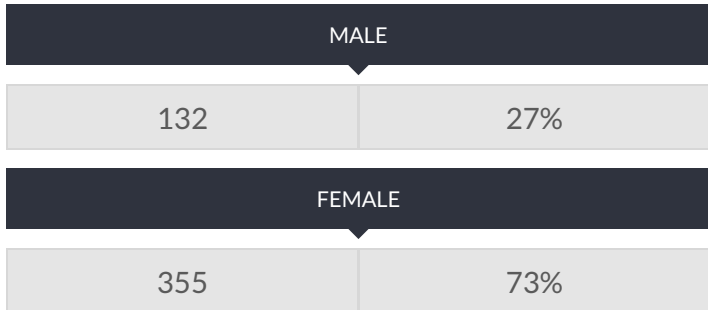

These enrollment data are collected as part of NYSED's Student Information Repository System (SIRS). These counts are as of "BEDS Day" which is typically the first Wednesday in October. Available are enrollment counts for public and charter school students by various demographics for the 2017 - 18 school year. For nonpublic school enrollment data please see the [Non-Public School Enrollment and Staff information](#) on our Information and Reporting Services webpage.

HERO HIGH SCHOOL ENROLLMENT (2017 - 18)

K-12 Enrollment: 487

ENROLLMENT BY GENDER
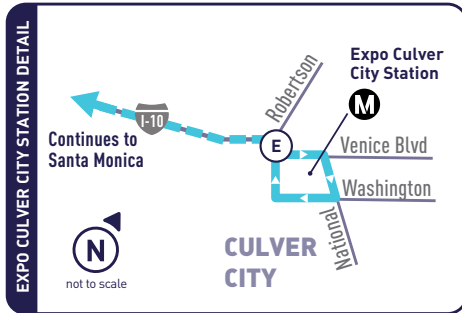

EXPO CULVER CITY
TO SANTA MONICA

rapid
20

(A) TIMEPOINT

(M) METRO RAIL CONNECTION

— FREEWAY TRAVEL

**SANTA MONICA TO
EXPO CULVER CITY STATION**

	Broadway & 6th (A)	4th & Santa Monica Place (C)	Robertson & Venice (E)
WEEKDAY DURANTE LA SEMANA	5:40	5:41	5:54
	6:06	6:07	6:20
	6:16	6:17	6:30
	6:41	6:42	6:55
	7:14	7:15	7:33
	7:49	7:50	8:08
	11:25	11:26	11:44
	2:05	2:06	2:29
	2:25	2:26	2:51
	2:50	2:51	3:20
3:30	3:31	4:05	
SATURDAY SÁBADO	6:25	6:26	6:39
	6:55	6:56	7:09
	7:25	7:26	7:39

**EXPO CULVER CITY STATION
TO SANTA MONICA**

	Robertson & Venice (E)	4th & Colorado (D)	4th & Broadway (B)
WEEKDAY DURANTE LA SEMANA	5:10	5:27	5:28
	5:40	5:55	5:56
	6:10	6:25	6:26
	6:52	7:07	7:08
	7:15	7:28	7:29
	7:52	8:05	8:06
	8:12	8:23	8:24
	8:40	8:51	8:52
	8:00	8:11	8:12
	8:25	8:36	8:37
9:05	9:14	9:15	
SATURDAY SÁBADO	8:00	8:11	8:12
	8:25	8:36	8:37
	9:05	9:14	9:15
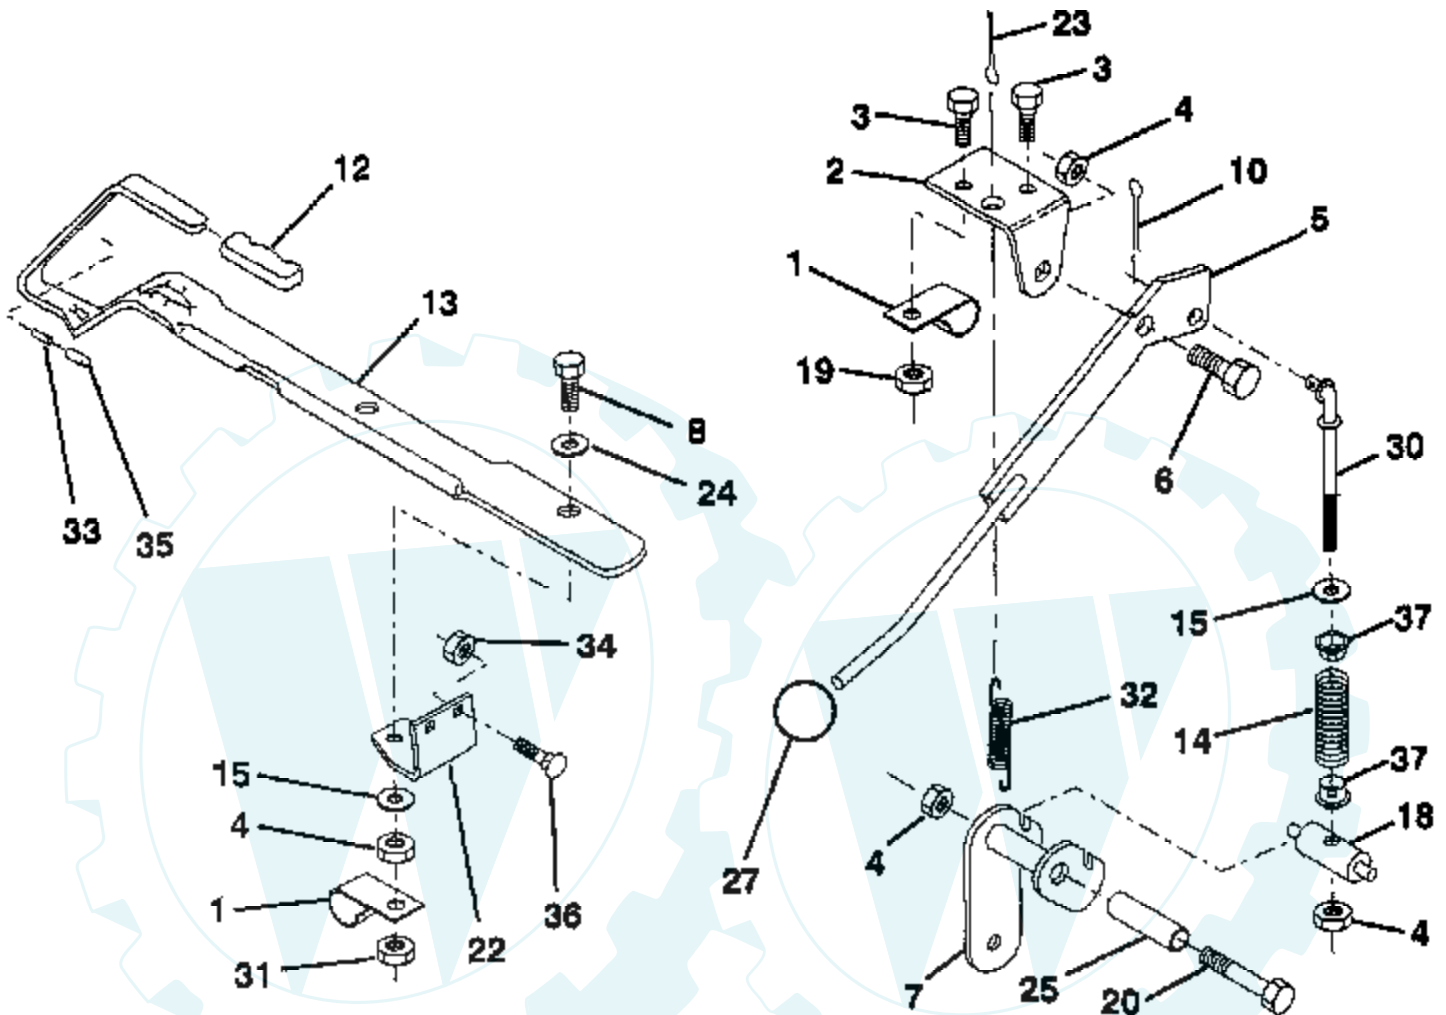

12 HP 38" LAWN TRACTOR - - MODEL NUMBER YE12R38A

HOOD

NOTE: All component dimensions given in U.S. inches
1 inch = 25.4 mm

Ref #	Part Number	Qty	Description
1	124657X		EXT SPRING
2	73510400		NUT
3	19091016		WASHER
4	74780410		BOLT
5	126675X		SUB= 139888
6	122549X		BRKT HOOD RH
7	122548X		BRKT HOOD LH
8	17411310		SUB= 17521312
9	74780412		SUB= 74780414
10	123693X		"BRACE,HOOD"
11	132918X505		HOOD
12	122035X		LENS
13	127029X		GRILL
14	2751R		CLIP T

12 HP 38" LAWN TRACTOR - - MODEL NUMBER YE12R38A

MOWER LIFT LEVER

NOTE: All component dimensions given in U S inches
1 Inch = 25.4 mm

Ref #	Part Number	Qty	Description
1	126470X		"CLIP,INSULATOR"
2	122018X		BRKT CLUTCH
3	74780408		BOLT
4	73680600		SUB= 73690600
5	132552		CLUTCH LEVER AS
6	106451X		"BOLT, SHOULDER LT"
7	135110		MWR CLUT ARM ASM
8	74930624		BOLT
10	76020412		COTTER PIN
12	132929		LIFT LEVER HANDLE
13	133761		LIFT HANDLE ASM
14	133939		COMP CLUTCH SPRNG
15	19131616		WASHER HYT
18	135107		TRUNNION
19	73680400		SUB= 73690400
20	74760644		BOLT
22	132561		LIFT LEVER BRKT
23	76020312		SUB= 3145
24	7672J		WASHER
25	121933X		TUBE SPACER
27	121466X		KNOB
30	135039		ROD TENSION CLUTC
31	73930600		LOCKNUT
32	133435		SPRING EXT
33	407H		ROLL PIN
34	73680500		SUB= 73690500
35	133603		VINYL CAP RED
36	72140506		BOLT
37	120754X		SUB= 126847X
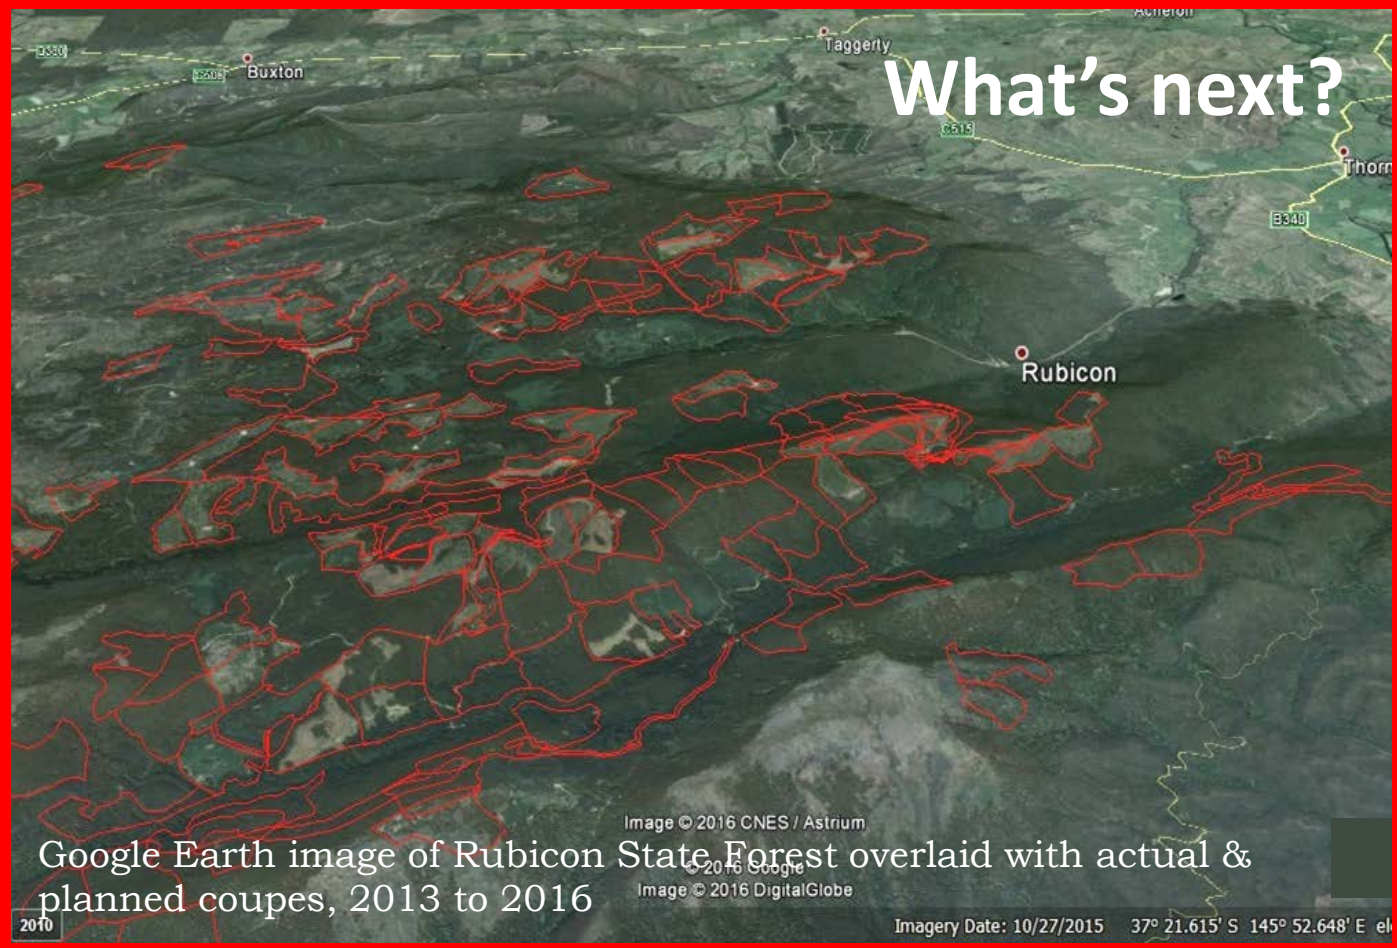

# Is this what we want?

2015 Google Earth image: logging in the Blue Range.

©2010 Google

# What's next?

Google Earth image of Rubicon State Forest overlaid with actual & planned coupes, 2013 to 2016

Image © 2016 CNES / Astrium

© 2016 Google

Image © 2016 DigitalGlobe

Imagery Date: 10/27/2015 37° 21.615' S 145° 52.648' E el
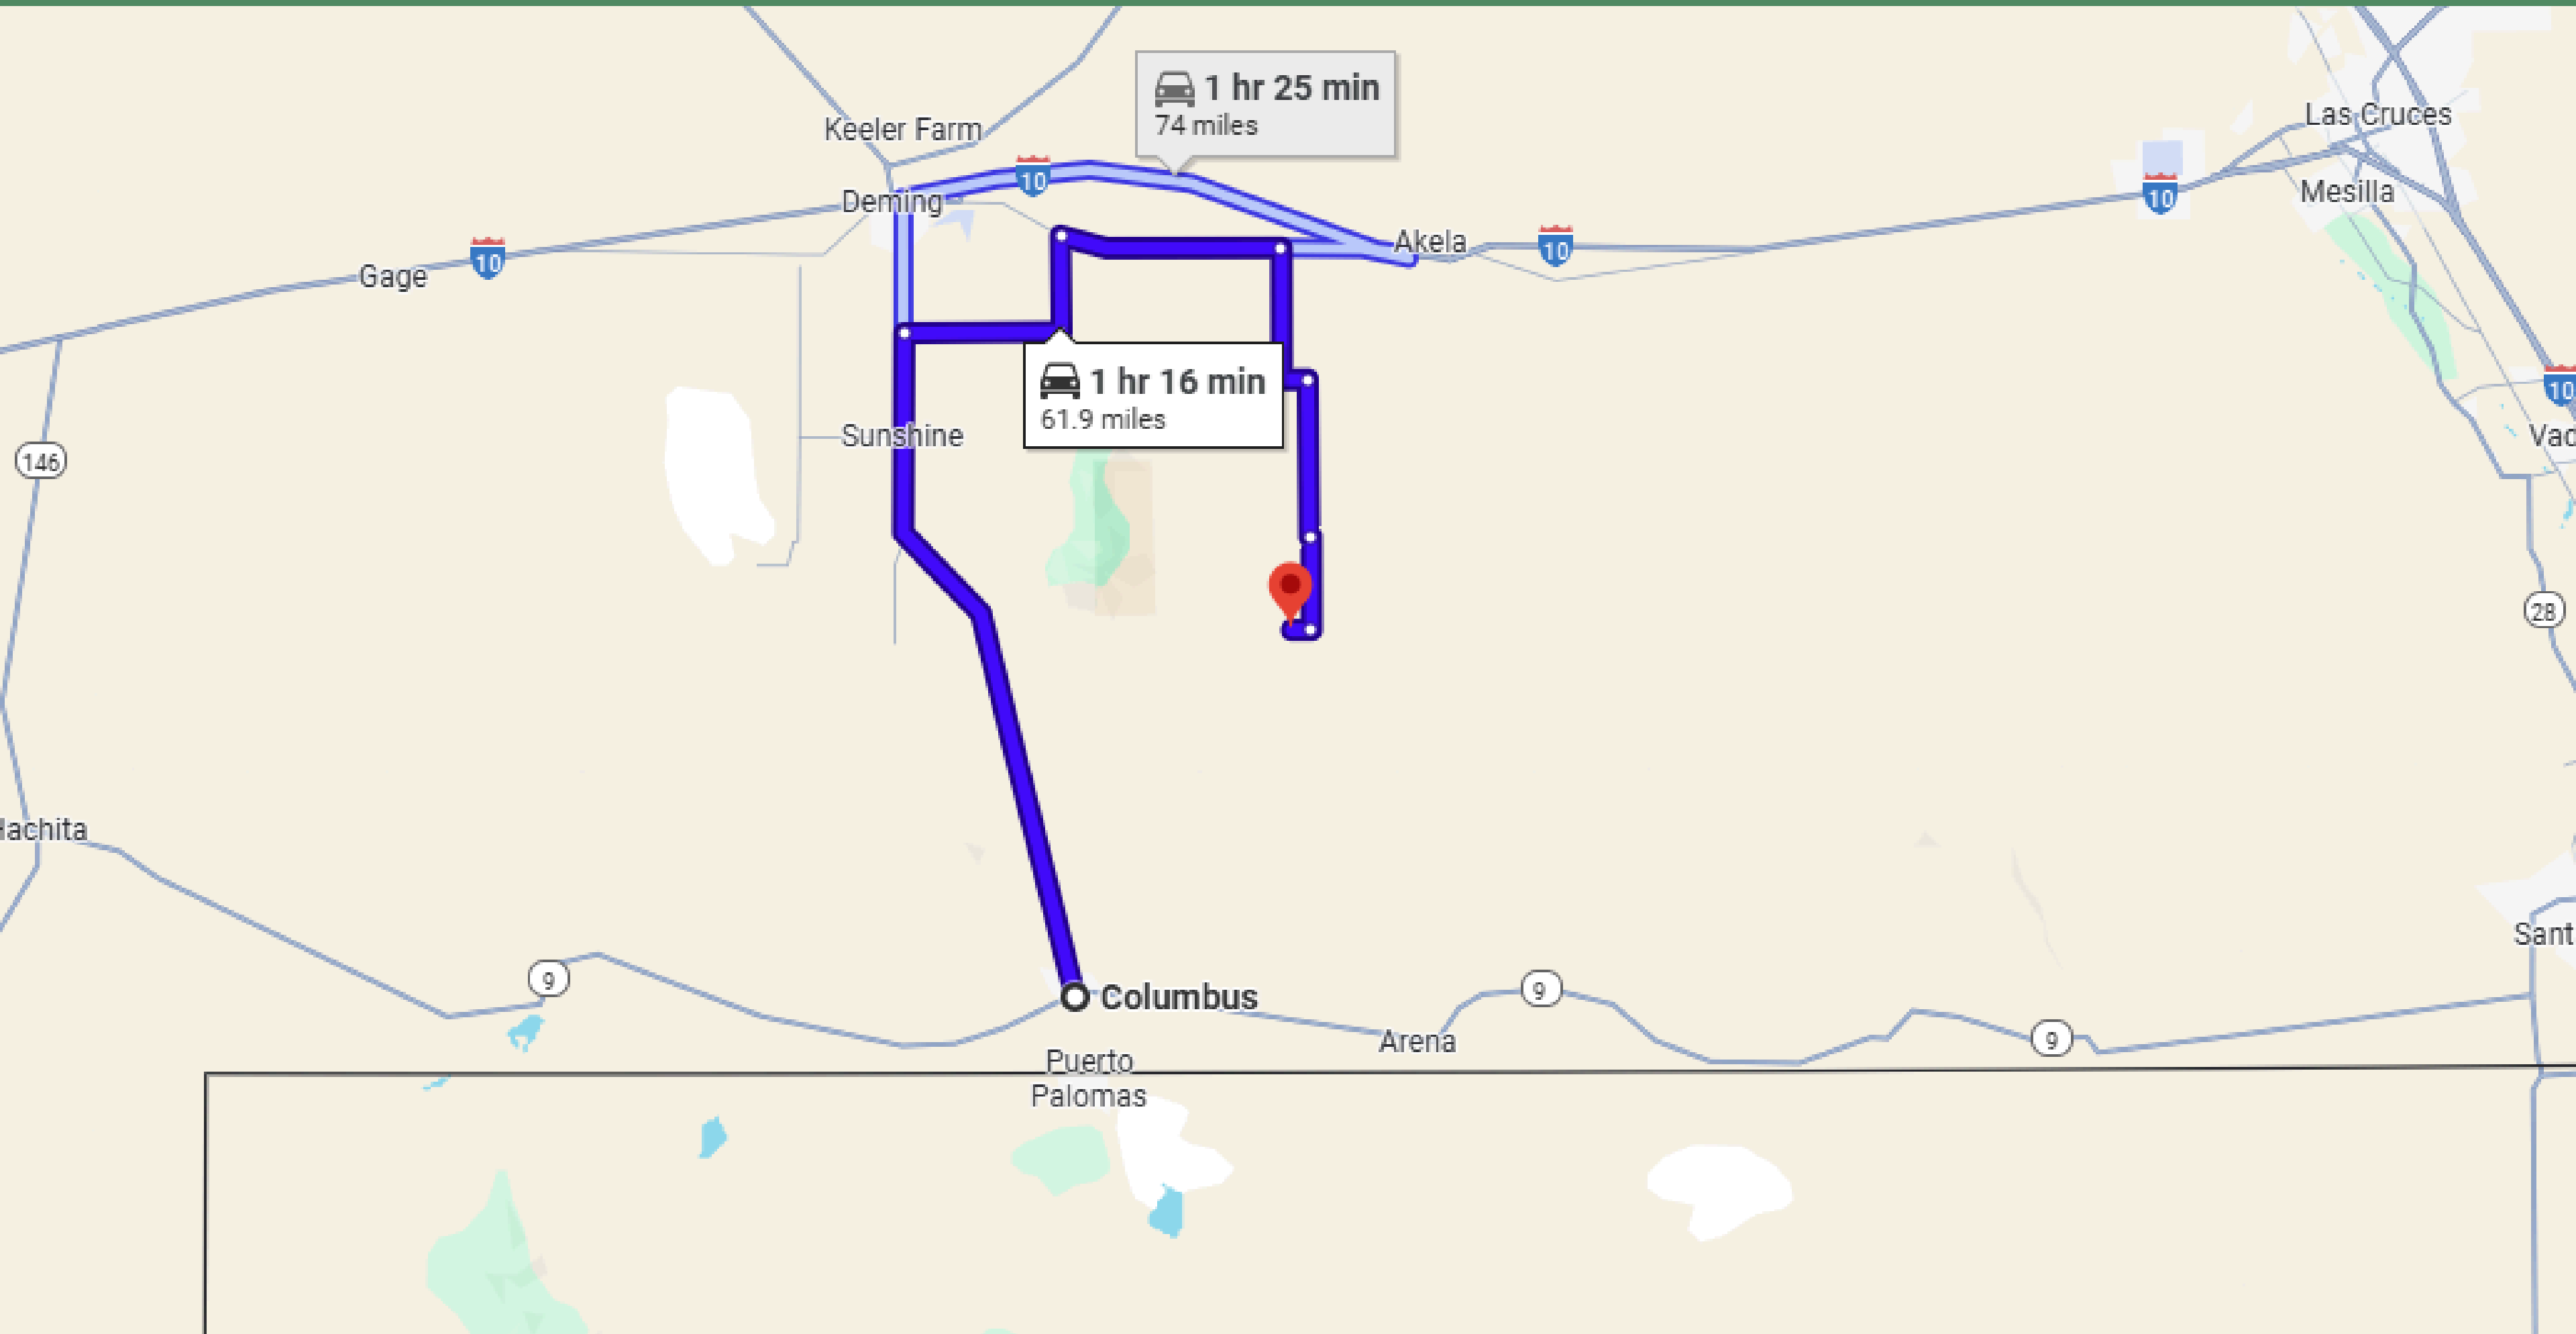

4 HRS & 16 MINS DRIVE TO ALBUQUERQUE

1 HR & 16 MINS DRIVE TO COLUMBUS TOWN

42-MINUTE DRIVE TO DEMING TOWN

1 HR & 12 MINS DRIVE TO LAS CRUCES TOWN

■ ■ ■ ■

### Problem description
Wherever the word "SEMANA" appears in the listing, copy the line that holds it.

### The answer
WEEKDAY DURANTE LA SEMANA	5:40	5:41	5:54
WEEKDAY DURANTE LA SEMANA	5:10	5:27	5:28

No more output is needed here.